_Problem statement:_
Whenever "Photo" occurs in a line of the material, list that line.

***

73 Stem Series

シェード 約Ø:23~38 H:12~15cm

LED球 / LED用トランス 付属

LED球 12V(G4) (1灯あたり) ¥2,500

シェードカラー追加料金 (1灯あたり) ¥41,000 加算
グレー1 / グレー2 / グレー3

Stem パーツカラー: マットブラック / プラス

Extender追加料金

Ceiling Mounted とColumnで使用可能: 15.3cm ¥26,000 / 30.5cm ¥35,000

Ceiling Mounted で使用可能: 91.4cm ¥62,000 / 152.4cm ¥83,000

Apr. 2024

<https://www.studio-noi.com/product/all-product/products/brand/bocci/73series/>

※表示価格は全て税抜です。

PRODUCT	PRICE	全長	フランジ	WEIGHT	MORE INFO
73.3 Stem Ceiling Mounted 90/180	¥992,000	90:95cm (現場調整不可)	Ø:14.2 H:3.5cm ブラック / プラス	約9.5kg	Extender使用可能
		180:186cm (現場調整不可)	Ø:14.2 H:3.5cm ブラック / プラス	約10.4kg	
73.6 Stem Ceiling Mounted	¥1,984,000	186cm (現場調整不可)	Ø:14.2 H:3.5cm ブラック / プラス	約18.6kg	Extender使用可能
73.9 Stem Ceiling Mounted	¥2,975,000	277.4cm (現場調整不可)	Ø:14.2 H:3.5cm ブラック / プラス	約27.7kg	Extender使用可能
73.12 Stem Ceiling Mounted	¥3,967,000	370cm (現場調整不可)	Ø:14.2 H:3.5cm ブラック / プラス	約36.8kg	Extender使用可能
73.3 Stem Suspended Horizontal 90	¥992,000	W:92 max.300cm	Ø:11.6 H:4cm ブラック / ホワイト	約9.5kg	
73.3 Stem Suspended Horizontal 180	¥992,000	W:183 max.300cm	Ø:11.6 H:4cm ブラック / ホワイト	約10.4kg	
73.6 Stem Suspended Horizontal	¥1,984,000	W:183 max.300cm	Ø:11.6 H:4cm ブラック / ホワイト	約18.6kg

***

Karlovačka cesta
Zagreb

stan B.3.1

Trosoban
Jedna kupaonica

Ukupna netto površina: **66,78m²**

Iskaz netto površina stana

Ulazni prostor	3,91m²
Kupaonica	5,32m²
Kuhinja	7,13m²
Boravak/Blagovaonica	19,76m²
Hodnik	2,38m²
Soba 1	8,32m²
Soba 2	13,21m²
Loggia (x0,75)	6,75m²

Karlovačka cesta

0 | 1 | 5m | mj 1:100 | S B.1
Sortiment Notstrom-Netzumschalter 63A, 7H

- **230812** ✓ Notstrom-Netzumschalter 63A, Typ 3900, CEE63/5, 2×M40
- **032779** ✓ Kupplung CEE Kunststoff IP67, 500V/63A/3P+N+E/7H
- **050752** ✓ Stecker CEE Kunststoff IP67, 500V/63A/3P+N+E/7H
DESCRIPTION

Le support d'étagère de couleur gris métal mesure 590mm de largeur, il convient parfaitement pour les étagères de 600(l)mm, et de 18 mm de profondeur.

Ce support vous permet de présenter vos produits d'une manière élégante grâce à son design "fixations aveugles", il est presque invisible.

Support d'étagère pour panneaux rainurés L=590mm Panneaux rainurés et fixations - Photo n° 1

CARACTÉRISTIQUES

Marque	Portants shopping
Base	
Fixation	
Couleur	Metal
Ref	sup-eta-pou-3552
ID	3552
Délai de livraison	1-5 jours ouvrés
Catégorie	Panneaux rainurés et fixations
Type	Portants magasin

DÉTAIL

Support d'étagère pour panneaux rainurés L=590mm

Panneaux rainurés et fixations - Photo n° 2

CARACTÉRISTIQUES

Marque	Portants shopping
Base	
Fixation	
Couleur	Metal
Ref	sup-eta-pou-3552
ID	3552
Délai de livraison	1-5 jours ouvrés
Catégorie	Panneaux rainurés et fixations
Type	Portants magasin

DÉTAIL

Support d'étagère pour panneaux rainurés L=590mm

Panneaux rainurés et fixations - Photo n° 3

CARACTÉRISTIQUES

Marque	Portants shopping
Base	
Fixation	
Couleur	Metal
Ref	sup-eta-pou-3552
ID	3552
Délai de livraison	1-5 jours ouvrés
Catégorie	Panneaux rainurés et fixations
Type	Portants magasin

***

_Your solution:_
Support d'étagère pour panneaux rainurés L=590mm Panneaux rainurés et fixations - Photo n° 1
Panneaux rainurés et fixations - Photo n° 2
Panneaux rainurés et fixations - Photo n° 3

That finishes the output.